Exercise aim: Please write out all the data that follows exactly, without the pictures.

Dataset section:
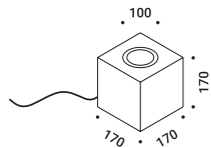

Floor-Outdoor / Direct / Outdoor

Material Cement - Metal
Finish .00 Standard

Note Outdoor floor luminaire. Concrete body. Black cable (2,5 m). *Apparecchio illuminante da esterno da terra. Corpo in cemento. Cavo nero (2,5 m).*

Exercise output:
Floor-Outdoor / Direct / Outdoor

Material Cement - Metal
Finish .00 Standard

Note Outdoor floor luminaire. Concrete body. Black cable (2,5 m). *Apparecchio illuminante da esterno da terra. Corpo in cemento. Cavo nero (2,5 m).*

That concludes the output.